(Dataset items)
*****

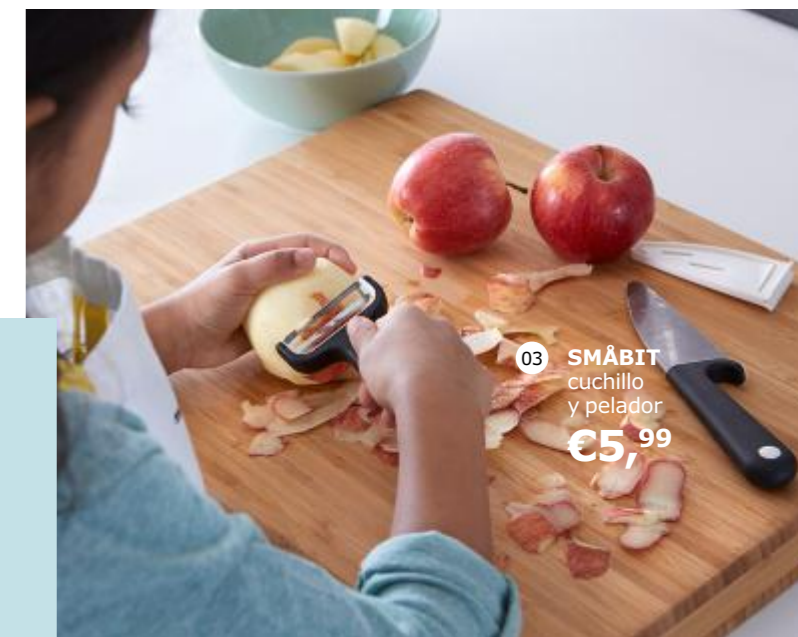

03 SMÅBIT
cuchillo
y pelador
€5,99

€1.899

¿Qué incluye el precio? Ver página 324.

Electrodomésticos: horno,
placa de inducción, campana,
lavavajillas y frigorífico

€1.725

**Financiación disponible
hasta 24 meses sin intereses**

Para más detalles:
www.IKEA.es/Financiación

**Nuevo servicio de asesores
especialistas en cocinas**

Tú eliges en tu tienda o en tu casa,
para más detalles:
www.IKEA.es/Cocina.
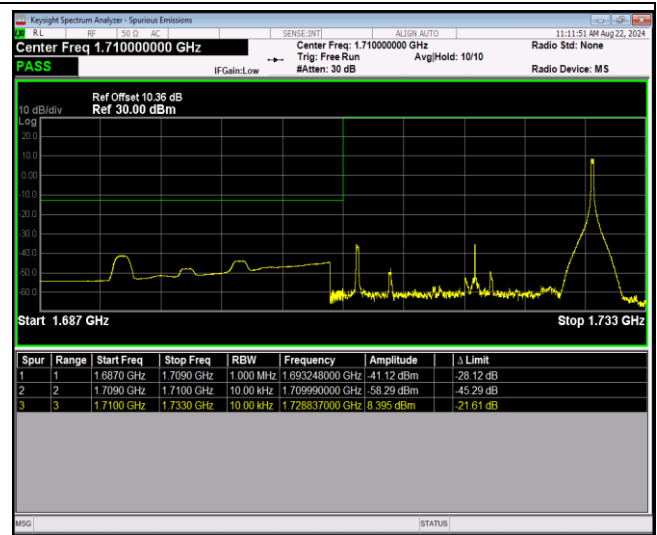

Band66-20MHz-16QAM-132572-1RB#0

Band66-20MHz-16QAM-132572-1RB#99

Band66-20MHz-16QAM-132572-100RB#0

Band66-20MHz-64QAM-132072-1RB#0

Band66-20MHz-64QAM-132072-1RB#99

Band66-20MHz-64QAM-132072-100RB#0

Band66-20MHz-64QAM-132572-1RB#0
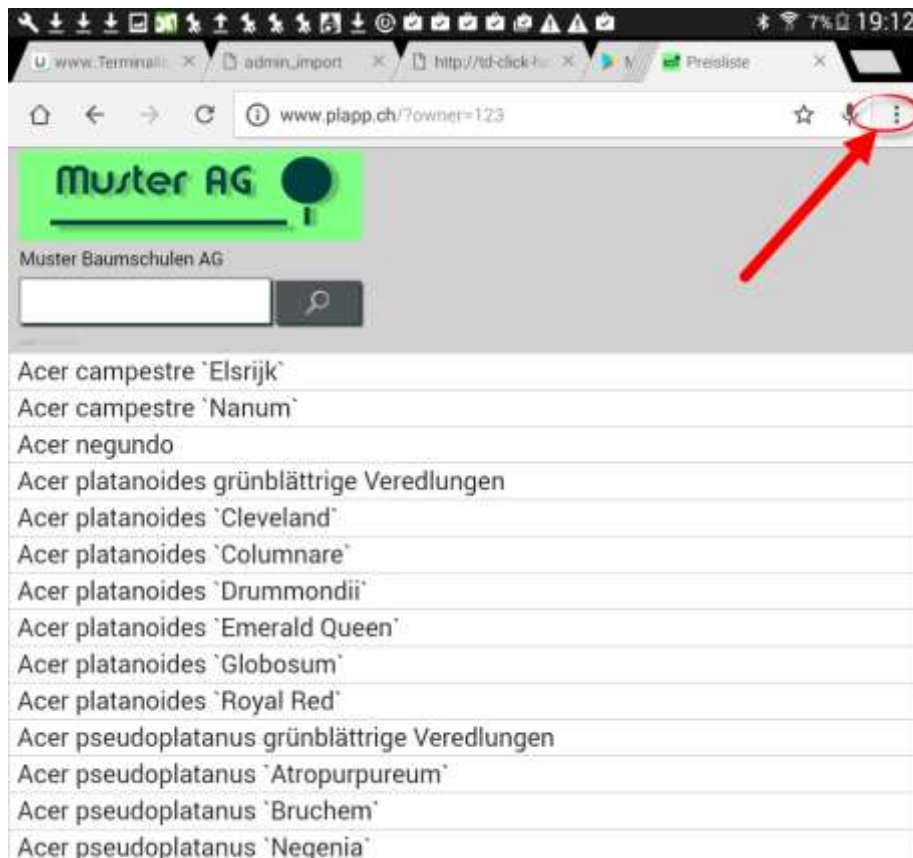

Anleitung für Android (z.B. Samsung Galaxy Tablet) um einen Start-Button auf dem Home-Bildschirm zu erhalten:

Dies wird empfohlen, das App kann so schneller gestartet werden und hat mehr Platz auf dem Display!

Im Browser (Google-Chrome) folgender Link eingeben:

www.plapp.ch/?owner=12209 (12209=Betriebsnummer der Baumschule)

Menü aktivieren

Hinzufügen aktivieren!

* 7% 19:14

Preisliste

Start-Button wurde erstellt!
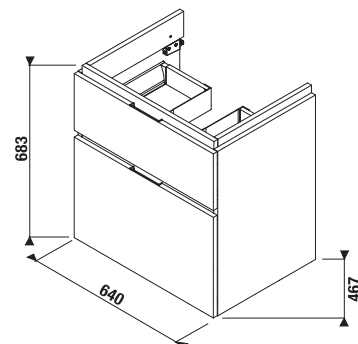

Číslo výrobku	Popis výrobku	Farba	
		biela/čelo lesklý lak	dub
H40J4244025001	skrinka pod umývadlo 65 cm H810424, 2 zásuvky	350,60 €	
H40J4244025191	skrinka pod umývadlo 65 cm H810424, 2 zásuvky		349,11 €

Objednať zvlášť:		Cena
H4944010390001	nohy k závesným umývadlovým skrinkám, chróm, (1 pár)	10,25 €

Skrinky pod umývadlo kombinujte s miesto šetriacim sifónom Jika H8942460000001. POZOR, rozstup rohových ventilov v tomto prípade musí byť 200 mm.

Príplatok za povrchovú úpravu Jika perla je 48,02 €.

Číslo výrobku xxx = číslo farby (000 biela, 100 Jika perla).
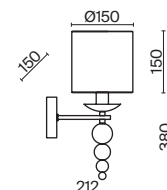

НИКЕЛЬ
 ⚡ 1 × E27 60Вт
 ▼ 2429, 7053
 7155, 7076

Side

(1)

(2)

(3)

(4)

ЦВЕТ

АРТИКУЛ
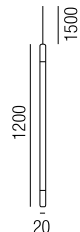

### Stilio 120, 14,4W

Aluminium, Diffusor Polycarbonat opal, **Sonderfarben auf Anfrage, ohne Baldachin (siehe Seite 301)**

24VDC

**F**

Bestell-Nr.	Farbauswahl ang.	Lumen	Euro
62210/120-	<b>S</b> <b>W</b> + <b>WW</b>	1440lm	389,10
62210/120-	<b>S</b> <b>W</b> + <b>SWW</b>	1397lm	449,40
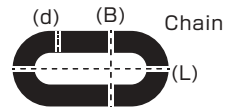

CHAIN SLEEVE LOCK
チェーンスリーブロック
¥1,800 + TAX

長さ: 1200(mm)
太さ(チェーンサイズ): (d)φ3x(B)15x(L)28(mm)
約120mm

BLACK 821229

DRY ZIP PARKA

ドライジップパーカ

¥2,900 + TAX

素材:ポリエステル100%

NAVY

*****

Pictures are to be dropped; every line of the records is to be returned unchanged.

- Result
03 SMÅBIT
cuchillo
y pelador
€5,99

€1.899

¿Qué incluye el precio? Ver página 324.

Electrodomésticos: horno,
placa de inducción, campana,
lavavajillas y frigorífico

€1.725

**Financiación disponible
hasta 24 meses sin intereses**

Para más detalles:
www.IKEA.es/Financiación

**Nuevo servicio de asesores
especialistas en cocinas**

Tú eliges en tu tienda o en tu casa,
para más detalles:
www.IKEA.es/Cocina.

Band66-20MHz-16QAM-132572-1RB#0

Band66-20MHz-16QAM-132572-1RB#99

Band66-20MHz-16QAM-132572-100RB#0

Band66-20MHz-64QAM-132072-1RB#0

Band66-20MHz-64QAM-132072-1RB#99

Band66-20MHz-64QAM-132072-100RB#0

Band66-20MHz-64QAM-132572-1RB#0

Anleitung für Android (z.B. Samsung Galaxy Tablet) um einen Start-Button auf dem Home-Bildschirm zu erhalten:

Dies wird empfohlen, das App kann so schneller gestartet werden und hat mehr Platz auf dem Display!

Im Browser (Google-Chrome) folgender Link eingeben:

www.plapp.ch/?owner=12209 (12209=Betriebsnummer der Baumschule)

Menü aktivieren

Hinzufügen aktivieren!

* 7% 19:14

Preisliste

Start-Button wurde erstellt!

Číslo výrobku	Popis výrobku	Farba	
		biela/čelo lesklý lak	dub
H40J4244025001	skrinka pod umývadlo 65 cm H810424, 2 zásuvky	350,60 €	
H40J4244025191	skrinka pod umývadlo 65 cm H810424, 2 zásuvky		349,11 €

Objednať zvlášť:		Cena
H4944010390001	nohy k závesným umývadlovým skrinkám, chróm, (1 pár)	10,25 €

Skrinky pod umývadlo kombinujte s miesto šetriacim sifónom Jika H8942460000001. POZOR, rozstup rohových ventilov v tomto prípade musí byť 200 mm.

Príplatok za povrchovú úpravu Jika perla je 48,02 €.

Číslo výrobku xxx = číslo farby (000 biela, 100 Jika perla).

НИКЕЛЬ
 ⚡ 1 × E27 60Вт
 ▼ 2429, 7053
 7155, 7076

Side

(1)

(2)

(3)

(4)

ЦВЕТ

АРТИКУЛ

### Stilio 120, 14,4W

Aluminium, Diffusor Polycarbonat opal, **Sonderfarben auf Anfrage, ohne Baldachin (siehe Seite 301)**

24VDC

**F**

Bestell-Nr.	Farbauswahl ang.	Lumen	Euro
62210/120-	<b>S</b> <b>W</b> + <b>WW</b>	1440lm	389,10
62210/120-	<b>S</b> <b>W</b> + <b>SWW</b>	1397lm	449,40

CHAIN SLEEVE LOCK
チェーンスリーブロック
¥1,800 + TAX

長さ: 1200(mm)
太さ(チェーンサイズ): (d)φ3x(B)15x(L)28(mm)
約120mm

BLACK 821229

DRY ZIP PARKA

ドライジップパーカ

¥2,900 + TAX

素材:ポリエステル100%

NAVY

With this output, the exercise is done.